Some others made good use of the time in organizing the house. Though sadly, there was almost no one who seemed to share my interest in needlework.
People took care of their plants in the broiling heat. They took the pets out and I was not surprised to see some so far unseen characters in our building being pulled by the leash as the happy dogs took them out for a walk.
With the gyms, parks, tennis and squash courts closed, the fitness conscious people took to yoga and exercises inside the house to keep their bodies healthy and agile. The YouTube views on the dance videos also became a popular choice.
Those who had a pair of running shoes and some ground to cover did some walking or running, and with the earphones emanating music they could enjoy some alone moments of fun and activity.
Not only that, with the golf courses closed, people like K S Asla, blessed not only with the sportsman’s heart, but good joints and enthusiasm too, chose to cycle during the morning hours of lockdown relaxation. And believe me, in the Chennai summer too!
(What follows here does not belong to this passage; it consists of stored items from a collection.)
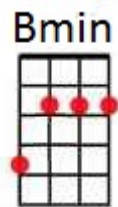

So why I [C] love to come home cause when I [D] get you alone
You know I'll [G] be [C] o [G] kay

When I'm [Bm] home [Em] everything seems to be [Bm] right
When I'm [G] home [Em] feeling you holding me [C] tight [D] tight, yeh

It's been a [G] hard [C] day's [G] night
and I've been [F] working like a [G] dog
It's been a [G] hard [C] day's [G] night,
I should be [F] sleeping like a [G] log

But when I [C] get home to you,
I find the [D] thing that you do
Will make me [G] feel [C] all [G] right
You know I [G] feel [C] all [G] right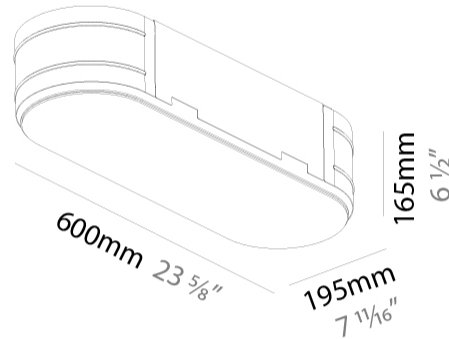

### PHYSICAL

Shape: Oval  
Length (mm): 600  
Length (in): 23 5/8  
Width (mm): 195  
Width (in): 7 11/16  
Depth (mm): 165  
Depth (in): 6 1/2  
Ceiling Thickness (mm): 10 / 12.5 / 15 / 25 / 30  
Ceiling Thickness (in): 3/8 or 1/2 or 9/16 or 1 or 1 3/16  
Min. Recessing Depth (mm): 180  
Min. Recessing Depth (in): 7 1/16  
Light Distribution: Direct  
Weight (kg): 3.8  
Weight (lbs): 7.6  
Diffuser: PMMA - Opal  
Fixture Material: Extruded Aluminum / Steel  
Cut-out Measurements: 635mm / 25" x 230mm / 9 1/16"  
Upon Request: Unique Sizes Unique Ceiling Thickness Unique Mounting Depth Spot Inserts

#### RATINGS AND CERTIFICATIONS

Certified By: Certified for North American Standards  
IP rating: IP20

635mm x 230mm  
25" x 9 1/16"

10 | 12 1/2 | 15 | 25 | 30mm  
3/8" | 1/2" | 9/16" | 1" | 3/16"

### PHYSICAL

Shape: Oval  
Length (mm): 900  
Length (in): 35 7/16  
Width (mm): 195  
Width (in): 7 13/16  
Depth (mm): 165  
Depth (in): 6 1/2  
Ceiling Thickness (mm): 10 / 12.5 / 15 / 25 / 30  
Ceiling Thickness (in): 3/8 or 1/2 or 9/16 or 1 or 1 3/16  
Min. Recessing Depth (mm): 180  
Min. Recessing Depth (in): 7 1/16  
Light Distribution: Direct  
Weight (kg): 5.756  
Weight (lbs): 12.66  
Diffuser: PMMA - Opal  
Fixture Material: Extruded Aluminum / Steel  
Cut-out Measurements: 935mm / 36 15/16" x 230mm / 9 1/16"  
Upon Request: Unique Sizes Unique Ceiling Thickness Unique Mounting Depth Spot Inserts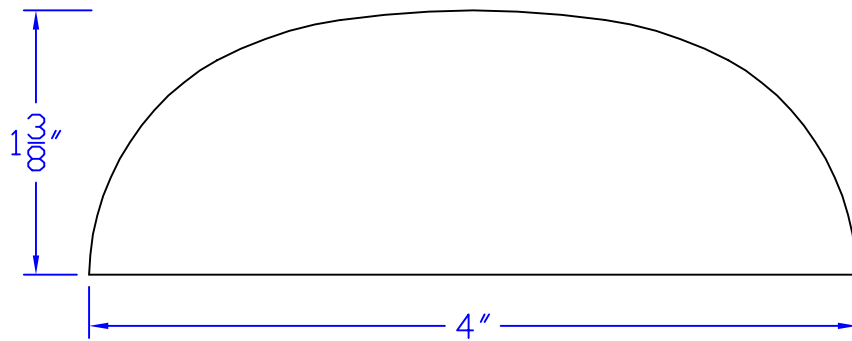

Creative Woodworking N.W., Inc.

1036 S.E. Taylor * Portland, Oregon 97214
Phone:(503) 230-9265 * Fax:(503) 232-9082
www.Creativewoodworkingnw.com

RNDS040
1-3/8" x 4"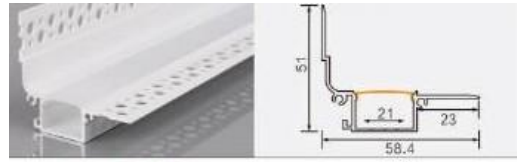

XT804 1013 double-bottom trim

L × 41 × 13 mm
8 mm flexible LED strip / rigid LED bar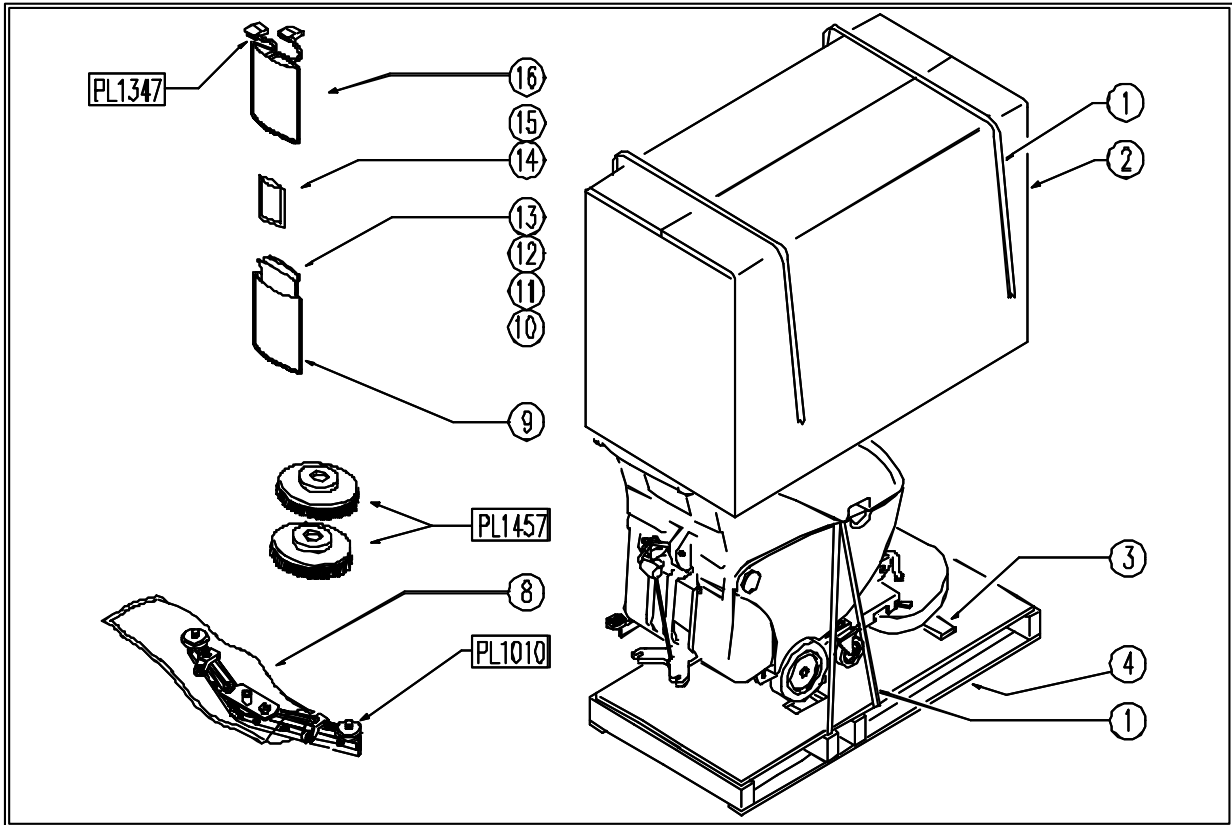

← Back 1 page

SK 24 AUTOMATIC SCRUBBER CODE: pl1458N aa SN from 01E635

REF.	CODE	DESCRIPTION	QTY
1	MP14300	STRAP	/
2	SL26133	CARDBOARD	1
3	SL26011	REINFORCEMENT	1
4	SL26132	PALLET	1
8	MP14302	ENVELOPE	1
9	SL25374N	ENVELOPE	1
10	SL25303N	SHEET	1
11	SL25401-3	WARRANTY COUPON	1
12	SL25401-8	EC CERTIFICATION	1
13	SL25989N-4	MANUAL	1
14	SL26029	ENVELOPE	1
15	SL23010K	CONNECTOR	1
16	SL26017	ENVELOPE	1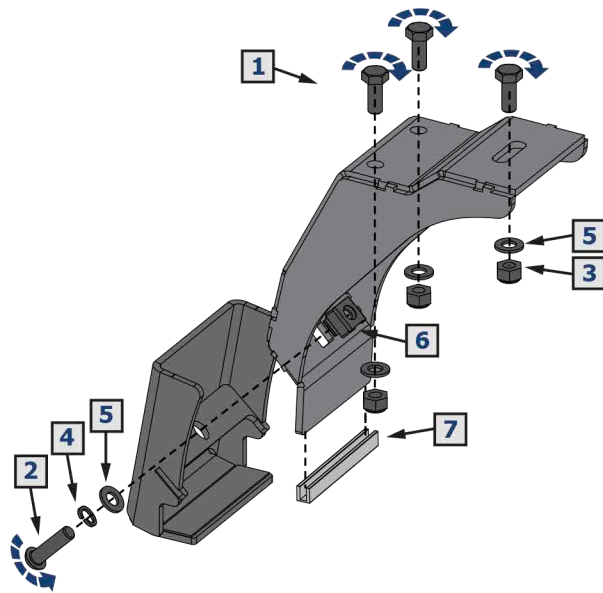

GUTTER MOUNTS
for Mercedes-Benz G-class
(1979-)

2M.3901.K

1		2		3		4		5		6		7	
M8x20	x6	M8x20	x2	M8	x6	ø8	x2	ø8	x8	M8	x2		x2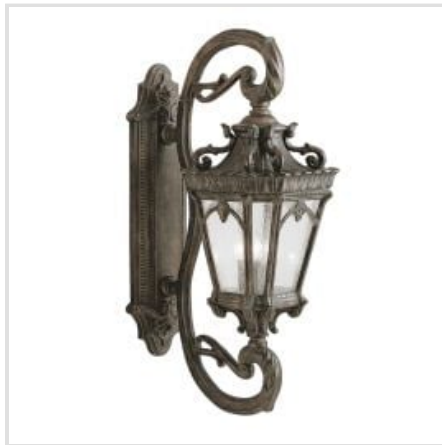

KL-TOURNAI1G-L

Tournai 4 Light Grand Wall Lantern -
Londonderry

Elstead Lighting

Elstead Lighting
Elstead House
Mill Lane
Alton, GU34 2QJ,
United Kingdom

Phone

+48 124441091

Email

enquiries@elsteadlighting.com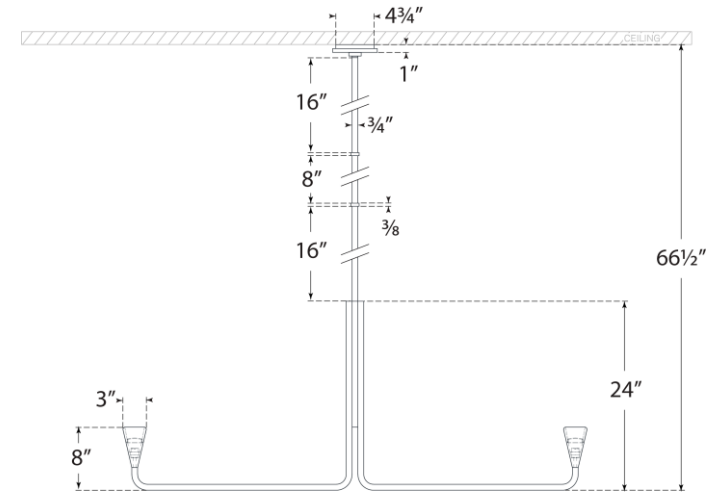

TEAR SHEET

Brassica Large Linear Chandelier

Item # KW 5642AI

Designer: Kelly Wearstler

O/A Height: 66.5"

Fixture Height: 24"

Min. Custom Height: 30.75"

Width: 59.25" x 3"

Canopy: 4.75" Round

Finishes: AI, PW

Socket: Dedicated LED

Wattage: 12w (1000lm)

Note: UL Only | Custom Height Available

Front View

Top View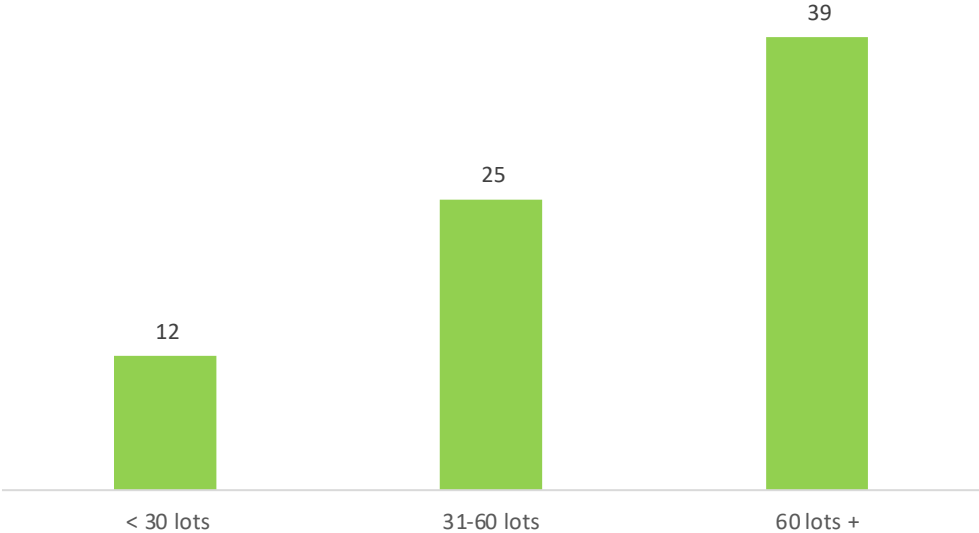

Solar System Sizes by Building Age

Average Solar System Sizes (kW)

Solar System Sizes As Built vs Retrofit

Average Solar System Sizes (kW)

Solar System Sizes with/without embedded network

Average Solar System Sizes (kW)

IRAS officer K S Asla (in blue) and his cycling buddy Sanjay Aryavir, ex coast guard Lt Cdr
Photo Courtesy: K S Asla
“Tum itne din baad mile…Bolo itne din kya kiya (You have met after many days…Say, what did you for so many days?), asked the beautiful Dimple Kapadia from Jackie Shroff in the Hindi movie Ram Lakhan, albeit in typical Bollywood style with lyrics, music, dance and much flicking of her heavy mane. And to a romantic’s delight, naturally, the suave hero replied, tera naam liya, tujhe yaad kiya (Took your name, remembered you). Alas, nothing so great happened in my life during the lockdown or later. I continue to be as scared as I was on March 24, that I dare not take ‘the’ name lest God forbid, it should feel that I am calling it.
I am among those harmless creatures who prefer a peaceful quiet life somewhere in one spot of this planet. So in the midst of the pandemic, the cyclone, floods, earthquakes, issues like survival of Rajasthan Government, the frequent social gatherings organized by or for the political elders in the southern states etc., I just stuck to the mundane and the ordinary activities.
I did not contribute to any more earth-shaking moments for the sake of the rest of my species. I existed during the lockdown and yes, worried, incessantly at that, about my present and future health, that of my dear ones whether near or afar, and wondered how they survived not just the threat but the fear too of this unforeseen time.
In my ordinary life baking and cooking have to be followed by a great deal of washing up. With the maid not coming, I stuck to preparing simple food, in the name of health, homemade and nutrition. For me the only sorrow was that family packs of instant noodles had disappeared from the sellers’ stocks before I could think of them.
The practical side of my brain also warned me when good times return I’d have neither the inclination nor the energy to regularly serve gourmet meals. Not only that, to burn up all that flour, butter and sugar, I would have to move my bums, surely not a welcome thought in this heat and humidity. My excuse – no one enjoys failed experiments in food served. In fact, from the pictures I received, nobody ever talked about whether the cake was soft, the others asked for a second helping of the dish or actually suggested that this be made more often.
I guess instead of jab main chhota bachcha tha (when I was a small kid) stories would now begin with jab lockdown hua tha (when there was the lockdown), everyone would have his version to tell about that time.
Only I would announce with confidence that was the only time in my life I really got scared for you, and for me!